[Collected data entries]

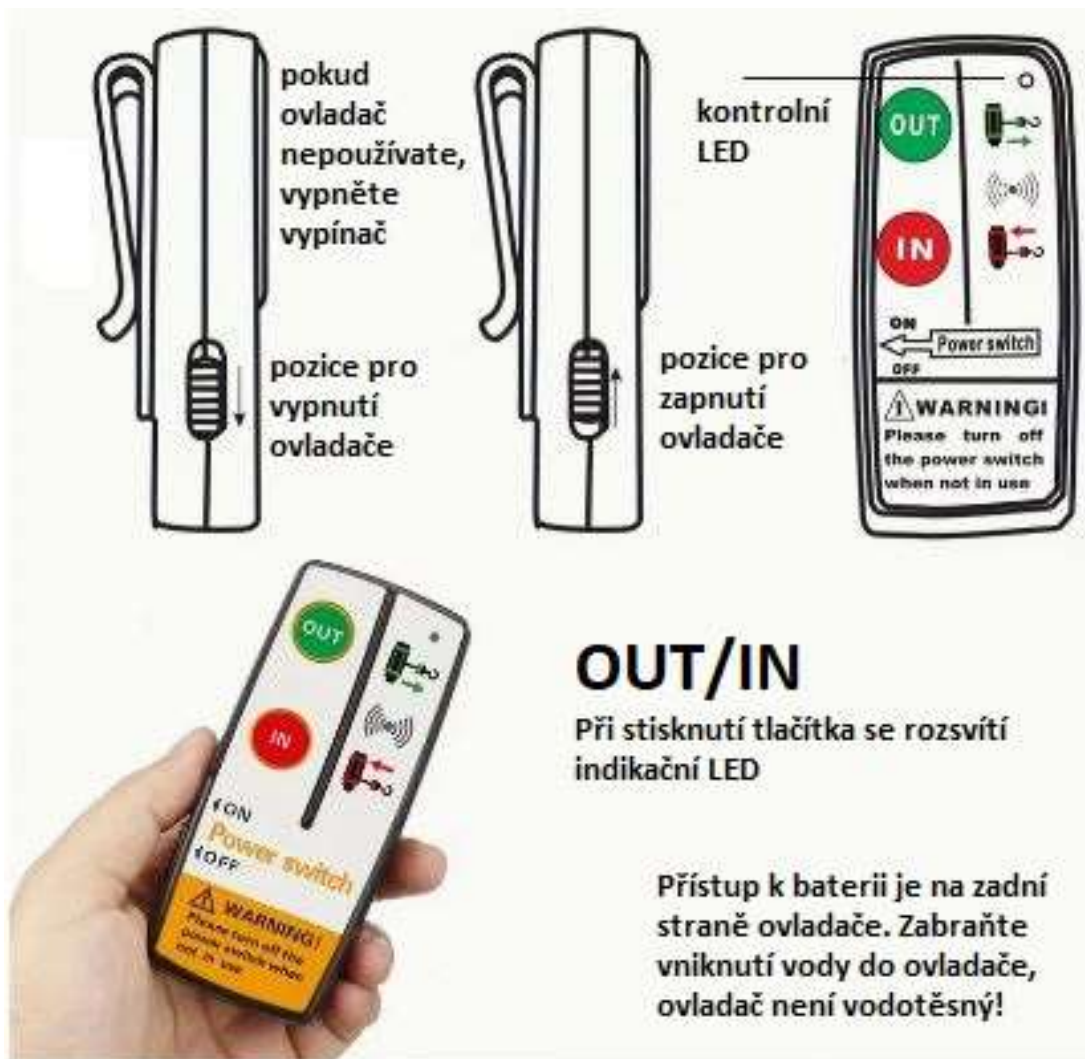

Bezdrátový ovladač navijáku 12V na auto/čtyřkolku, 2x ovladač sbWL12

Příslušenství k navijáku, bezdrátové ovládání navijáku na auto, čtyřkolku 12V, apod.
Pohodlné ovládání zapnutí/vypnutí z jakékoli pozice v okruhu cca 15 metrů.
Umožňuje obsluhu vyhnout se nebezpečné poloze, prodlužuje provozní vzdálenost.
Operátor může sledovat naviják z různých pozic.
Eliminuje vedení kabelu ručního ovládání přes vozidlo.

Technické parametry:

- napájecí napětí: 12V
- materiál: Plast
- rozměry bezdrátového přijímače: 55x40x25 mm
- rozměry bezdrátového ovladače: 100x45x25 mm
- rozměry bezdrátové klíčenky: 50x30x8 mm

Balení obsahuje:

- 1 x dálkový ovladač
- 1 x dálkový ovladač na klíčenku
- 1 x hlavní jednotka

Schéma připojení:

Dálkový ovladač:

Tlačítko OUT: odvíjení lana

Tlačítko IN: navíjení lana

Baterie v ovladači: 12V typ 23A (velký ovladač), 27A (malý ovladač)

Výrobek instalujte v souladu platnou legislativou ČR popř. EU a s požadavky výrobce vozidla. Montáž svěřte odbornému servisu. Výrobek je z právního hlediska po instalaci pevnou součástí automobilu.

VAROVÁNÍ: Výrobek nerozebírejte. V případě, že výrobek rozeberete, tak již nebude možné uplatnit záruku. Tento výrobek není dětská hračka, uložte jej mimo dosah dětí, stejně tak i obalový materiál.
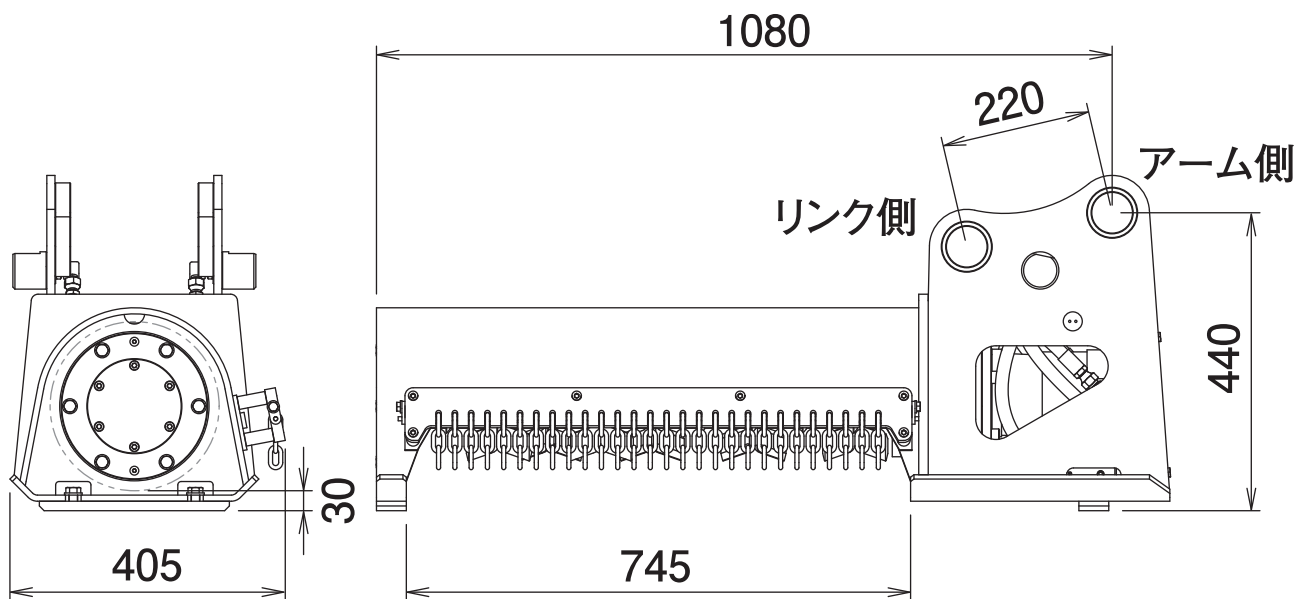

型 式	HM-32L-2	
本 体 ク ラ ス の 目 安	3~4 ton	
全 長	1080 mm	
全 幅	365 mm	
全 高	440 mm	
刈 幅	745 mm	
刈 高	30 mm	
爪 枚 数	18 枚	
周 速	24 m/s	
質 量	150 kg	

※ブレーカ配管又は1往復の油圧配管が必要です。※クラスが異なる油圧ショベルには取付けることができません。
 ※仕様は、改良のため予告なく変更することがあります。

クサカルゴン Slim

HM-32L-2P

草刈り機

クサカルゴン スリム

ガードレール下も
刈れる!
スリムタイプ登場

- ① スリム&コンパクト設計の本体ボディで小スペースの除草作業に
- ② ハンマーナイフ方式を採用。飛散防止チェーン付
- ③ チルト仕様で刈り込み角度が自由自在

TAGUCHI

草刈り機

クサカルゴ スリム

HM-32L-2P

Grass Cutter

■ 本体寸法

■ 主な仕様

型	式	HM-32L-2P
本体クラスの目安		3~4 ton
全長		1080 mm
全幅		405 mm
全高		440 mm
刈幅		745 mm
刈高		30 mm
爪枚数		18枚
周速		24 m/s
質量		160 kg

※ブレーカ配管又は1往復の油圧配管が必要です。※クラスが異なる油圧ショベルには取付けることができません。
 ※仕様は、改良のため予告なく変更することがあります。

> _The task_
Please give the number of lines above that contain "čtyřkolku", without any other words.

> _Your response_
2